• **PROMPT**: Could you give the records below again exactly, without the pictures?

• • • •

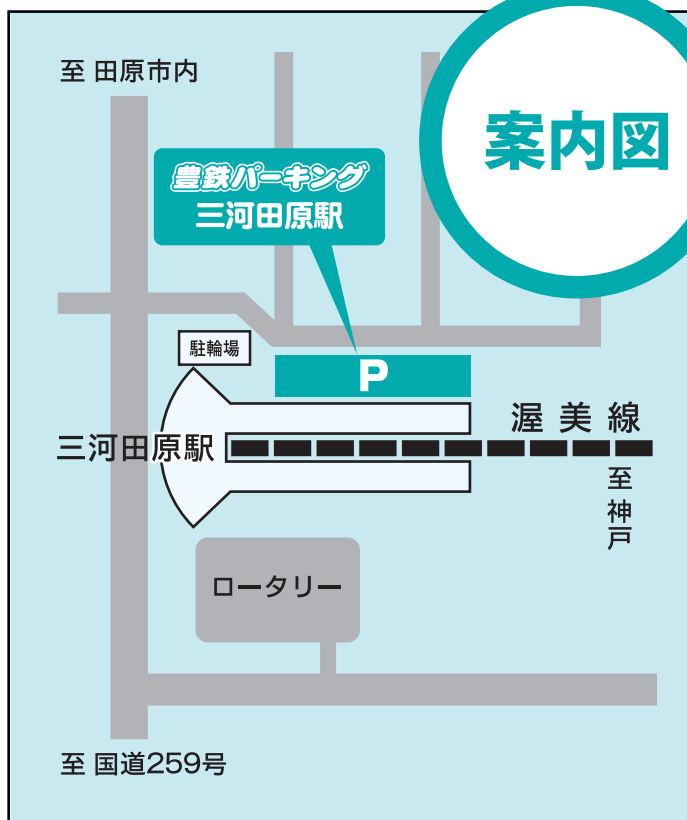

ム人カー預けて電車でお出かは
月極 **P** 駐車場

豊鉄パーキング

三河田原駅

平成30年6月1日オープン!

渥美線 **三河田原駅** 徒歩1分

新規契約者募集中!

月極

1か月

税込
6,480円

全32バース!

契約申込み

渥美線三河田原駅

Tel.0531-22-0157

(5:15~0:00)

● 駐車場についてのお問合せは

豊橋鉄道株式会社 不動産部 Tel.0532-53-2137 (平日8:50~17:40)

豊橋鉄道
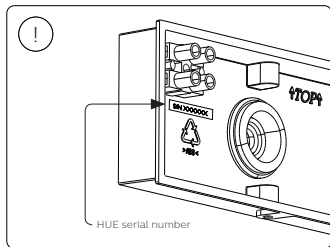

PHILIPS

hue personal
wireless
lighting

Adore

HUE serial number

User manual
Benutzerhandbuch
Notice d'emploi
Manual de usuario
Manual do usuário
Manuale d'uso

Incl.

1 x CR2032

Excl.
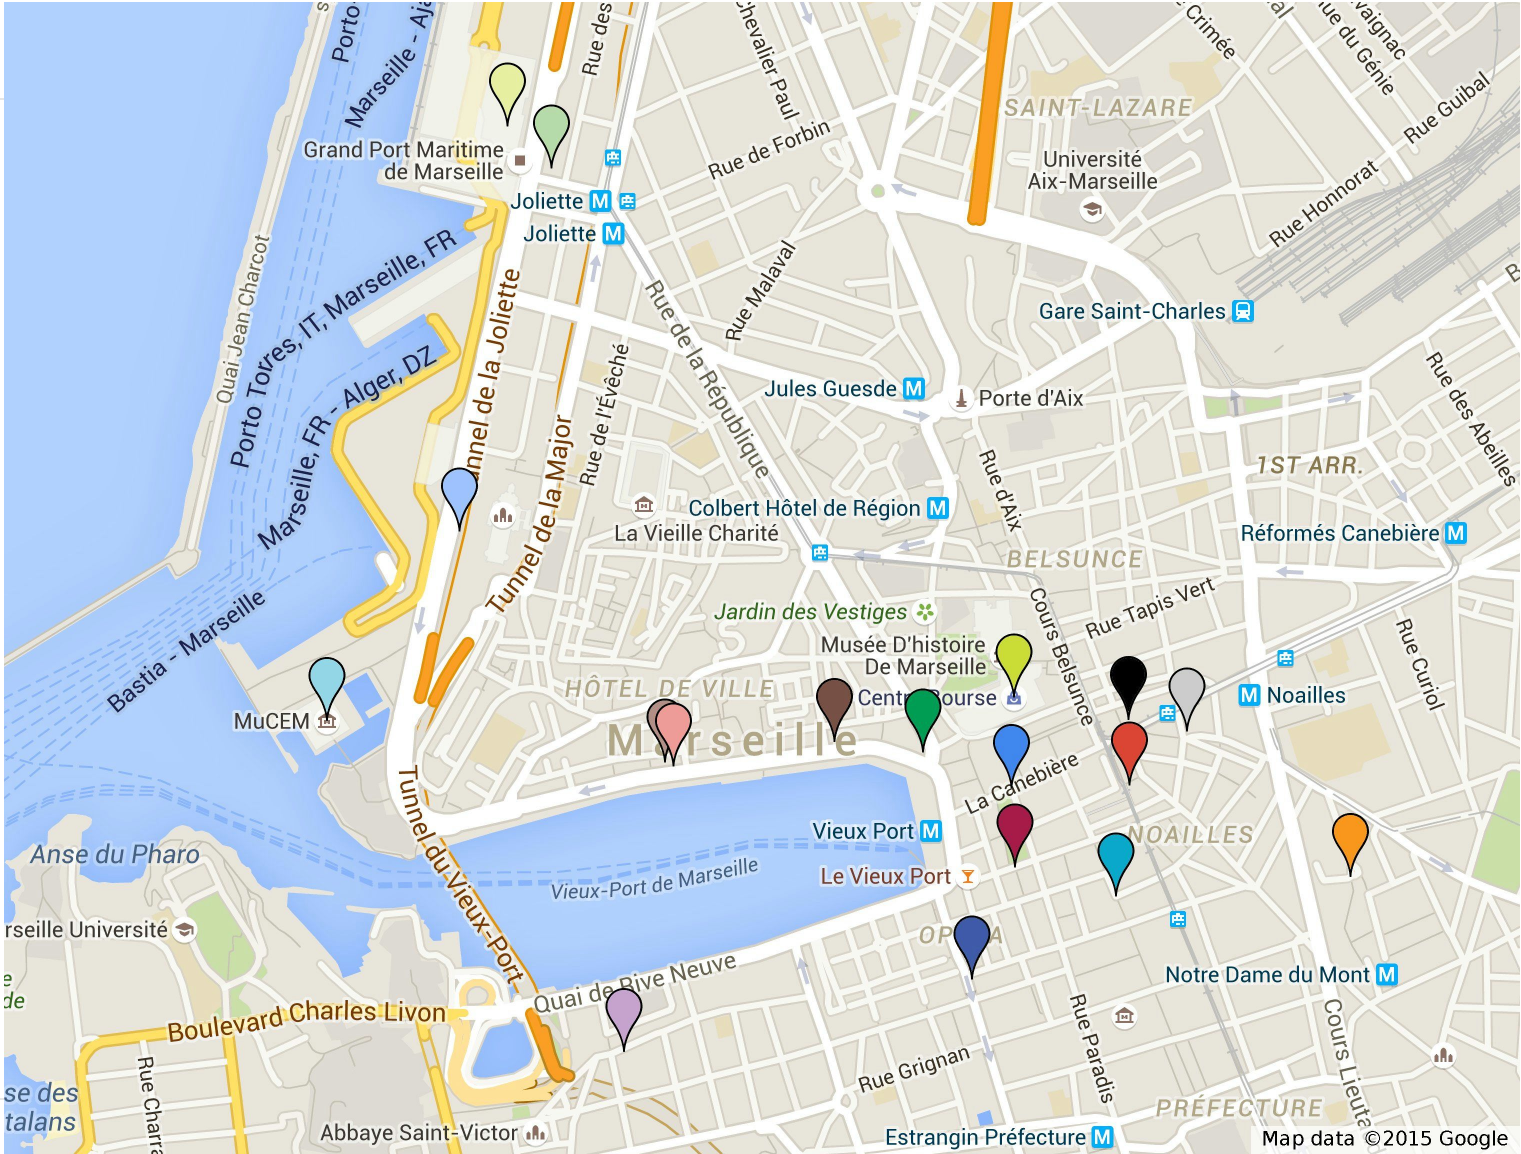

GGG 's Marseille Shopaholic Map

Marseille's Shopping Districts

Locations

-  La Savonnerie Marseillaise
-  Rue Longue des Capucins
-  Centre Bourse
-  Rue de la République
-  Rue Saint-Ferréol
-  Rue Paradis
-  Rue Breteuil
-  Rue de la Tour
-  Rue de Rome
-  Cours Julien
-  Bar Restaurant La Caravelle
-  La Maison du Patis
-  Santons Escoffier Fils
-  Santons et Musée Carbonel
-  MuCEM Museum
-  Les Voûtes de la Major
-  Les Docks de la Joliette
-  Les Terrasses du Port

All the best Downtown Shopping in Marseille

• • • •

• **RESULT FOR THIS TASK**:
ム人カー預けて電車でお出かは
月極 **P** 駐車場

豊鉄パーキング

三河田原駅

平成30年6月1日オープン!

渥美線 **三河田原駅** 徒歩1分

新規契約者募集中!

月極

1か月

税込
6,480円

全32バース!

契約申込み

渥美線三河田原駅

Tel.0531-22-0157

(5:15~0:00)

● 駐車場についてのお問合せは

豊橋鉄道株式会社 不動産部 Tel.0532-53-2137 (平日8:50~17:40)

豊橋鉄道

PHILIPS

hue personal
wireless
lighting

Adore

HUE serial number

User manual
Benutzerhandbuch
Notice d'emploi
Manual de usuario
Manual do usuário
Manuale d'uso

Incl.

1 x CR2032

Excl.

GGG 's Marseille Shopaholic Map

Marseille's Shopping Districts

Locations

-  La Savonnerie Marseillaise
-  Rue Longue des Capucins
-  Centre Bourse
-  Rue de la République
-  Rue Saint-Ferréol
-  Rue Paradis
-  Rue Breteuil
-  Rue de la Tour
-  Rue de Rome
-  Cours Julien
-  Bar Restaurant La Caravelle
-  La Maison du Patis
-  Santons Escoffier Fils
-  Santons et Musée Carbonel
-  MuCEM Museum
-  Les Voûtes de la Major
-  Les Docks de la Joliette
-  Les Terrasses du Port

All the best Downtown Shopping in Marseille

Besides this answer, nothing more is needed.